> _Brief_: Each line of the material below that holds the word "Wall" needs to be copied.

━━━ Input

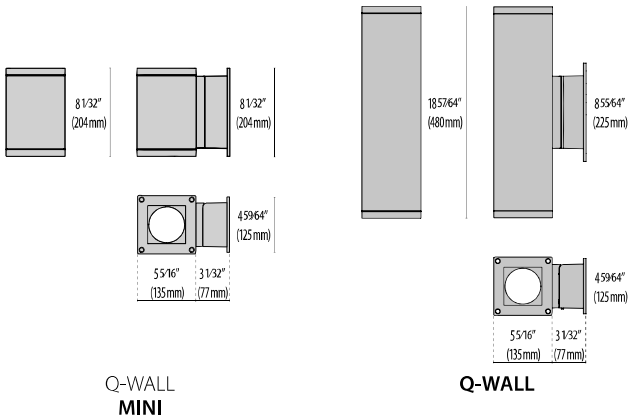

Lumen Output	27K	3K	35K	4K	5K
Q-Wall M 20°	2786	2878	2969	3061	3152
Q-Wall M 40°	2772	2863	2954	3045	3136
Q-Wall M 85°	2805	2898	2991	3084	3177
Q-Wall B 20°	5571	5755	5938	6122	6305
Q-Wall B 40°	5572	5725	5907	6090	6272
Q-Wall B 85°	5610	5796	5981	6167	6352
Q-Wall M EMPK 20°	2786	2878	2969	3061	3152
Q-Wall M EMPK 40°	2772	2863	2954	3045	3136
Q-Wall M EMPK 85°	2805	2898	2991	3084	3177
Q-Wall Mini 20°	2783	2876	2968	3061	3153
Q-Wall Mini 40°	2799	2861	2953	3045	3137
Q-Wall Mini 85°	2803	2897	2990	3084	3177

30W/60W Max Wattage

Revision 03
11/22

━━━━━━

> _The answer_:
Q-Wall M 20°	2786	2878	2969	3061	3152
Q-Wall M 40°	2772	2863	2954	3045	3136
Q-Wall M 85°	2805	2898	2991	3084	3177
Q-Wall B 20°	5571	5755	5938	6122	6305
Q-Wall B 40°	5572	5725	5907	6090	6272
Q-Wall B 85°	5610	5796	5981	6167	6352
Q-Wall M EMPK 20°	2786	2878	2969	3061	3152
Q-Wall M EMPK 40°	2772	2863	2954	3045	3136
Q-Wall M EMPK 85°	2805	2898	2991	3084	3177
Q-Wall Mini 20°	2783	2876	2968	3061	3153
Q-Wall Mini 40°	2799	2861	2953	3045	3137
Q-Wall Mini 85°	2803	2897	2990	3084	3177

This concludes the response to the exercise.